_PROBLEM REQUIREMENTS_
Below are records to write out exactly; drop the pictures when you do.

Stored entries:
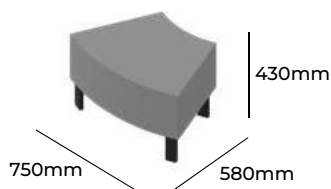

SNAKE

ZOBACZ NA STRONIE WWW

GRUPA CENOWA

I	II	III	IV	V
Braveheart Rivet	Charles Cura Valencia	Maglia Main Line Flax Select X2 Xtreme	Blazer Morph	Skóra
831,-	859,-	891,-	948,-	1225,-
Nogi malowane proszkowo Błat 1/8 koła 750x580x18mm z płyty wiórowej laminowanej, przykręcany na stałe do mebla			W01 MAL	STANDARD +207,-
Wysokość siedziska 430mm Wysokość całkowita 430mm Szerokość całkowita 750mm Głębokość całkowita 580mm Waga netto 11kg Waga brutto 14kg Objętość 0,42m ³		SK 45		

SNAKE

GRUPA CENOWA

I	II	III	IV	V
Braveheart Rivet	Charles Cura Valencia	Maglia Main Line Flax Select X2 Xtreme	Blazer Morph	Skóra
775,-	798,-	823,-	870,-	1097,-
Nogi malowane proszkowo Błat 1/4 koła 500x500x18mm z płyty wiórowej laminowanej, przykręcany na stałe do mebla			W01 MAL	STANDARD +151,-
Wysokość siedziska 430mm Wysokość całkowita 430mm Szerokość całkowita 500mm Głębokość całkowita 500mm Waga netto 9kg Waga brutto 10kg Objętość 0,08m ³		SK E		

SNAKE

GRUPA CENOWA

I	II	III	IV	V
Braveheart Rivet	Charles Cura Valencia	Maglia Main Line Flax Select X2 Xtreme	Blazer Morph	Skóra
784,-	814,-	844,-	900,-	1178,-
Nogi okrągłomalowane proszkowo Nogi okrągłe ze stali nierdzewnej Nogi płozki malowane proszkowo (materiał płaskownik 70x6mm)			W01 MAL	STANDARD +91,-
Wysokość siedziska 430mm Wysokość całkowita 430mm Szerokość całkowita 500mm Głębokość całkowita 500mm Waga netto 11kg Waga brutto 12kg Objętość 0,08m ³		SK 500		

SNAKE

ZOBACZ NA STRONIE WWW

GRUPA CENOWA

I	II	III	IV	V
Braveheart Rivet	Charles Cura Valencia	Maglia Main Line Flax Select X2 Xtreme	Blazer Morph	Skóra
1048,-	1089,-	1134,-	1215,-	1615,-
Nogi malowane proszkowo Błat 1/4 koła 500x500x18mm z płyty wiórowej laminowanej, przykręcany na stałe do mebla			W01 MAL	STANDARD +181,-
Wysokość siedziska 430mm Wysokość całkowita 430mm Szerokość całkowita 1000mm Głębokość całkowita 500mm Waga netto 17kg Waga brutto 18kg Objętość 0,15m ³		SK 1000

_OUTPUT OF THE EXERCISE_
SNAKE

ZOBACZ NA STRONIE WWW

GRUPA CENOWA

I	II	III	IV	V
Braveheart Rivet	Charles Cura Valencia	Maglia Main Line Flax Select X2 Xtreme	Blazer Morph	Skóra
831,-	859,-	891,-	948,-	1225,-
Nogi malowane proszkowo Błat 1/8 koła 750x580x18mm z płyty wiórowej laminowanej, przykręcany na stałe do mebla			W01 MAL	STANDARD +207,-
Wysokość siedziska 430mm Wysokość całkowita 430mm Szerokość całkowita 750mm Głębokość całkowita 580mm Waga netto 11kg Waga brutto 14kg Objętość 0,42m ³		SK 45		

SNAKE

GRUPA CENOWA

I	II	III	IV	V
Braveheart Rivet	Charles Cura Valencia	Maglia Main Line Flax Select X2 Xtreme	Blazer Morph	Skóra
775,-	798,-	823,-	870,-	1097,-
Nogi malowane proszkowo Błat 1/4 koła 500x500x18mm z płyty wiórowej laminowanej, przykręcany na stałe do mebla			W01 MAL	STANDARD +151,-
Wysokość siedziska 430mm Wysokość całkowita 430mm Szerokość całkowita 500mm Głębokość całkowita 500mm Waga netto 9kg Waga brutto 10kg Objętość 0,08m ³		SK E		

SNAKE

GRUPA CENOWA

I	II	III	IV	V
Braveheart Rivet	Charles Cura Valencia	Maglia Main Line Flax Select X2 Xtreme	Blazer Morph	Skóra
784,-	814,-	844,-	900,-	1178,-
Nogi okrągłomalowane proszkowo Nogi okrągłe ze stali nierdzewnej Nogi płozki malowane proszkowo (materiał płaskownik 70x6mm)			W01 MAL	STANDARD +91,-
Wysokość siedziska 430mm Wysokość całkowita 430mm Szerokość całkowita 500mm Głębokość całkowita 500mm Waga netto 11kg Waga brutto 12kg Objętość 0,08m ³		SK 500		

SNAKE

ZOBACZ NA STRONIE WWW

GRUPA CENOWA

I	II	III	IV	V
Braveheart Rivet	Charles Cura Valencia	Maglia Main Line Flax Select X2 Xtreme	Blazer Morph	Skóra
1048,-	1089,-	1134,-	1215,-	1615,-
Nogi malowane proszkowo Błat 1/4 koła 500x500x18mm z płyty wiórowej laminowanej, przykręcany na stałe do mebla			W01 MAL	STANDARD +181,-
Wysokość siedziska 430mm Wysokość całkowita 430mm Szerokość całkowita 1000mm Głębokość całkowita 500mm Waga netto 17kg Waga brutto 18kg Objętość 0,15m ³		SK 1000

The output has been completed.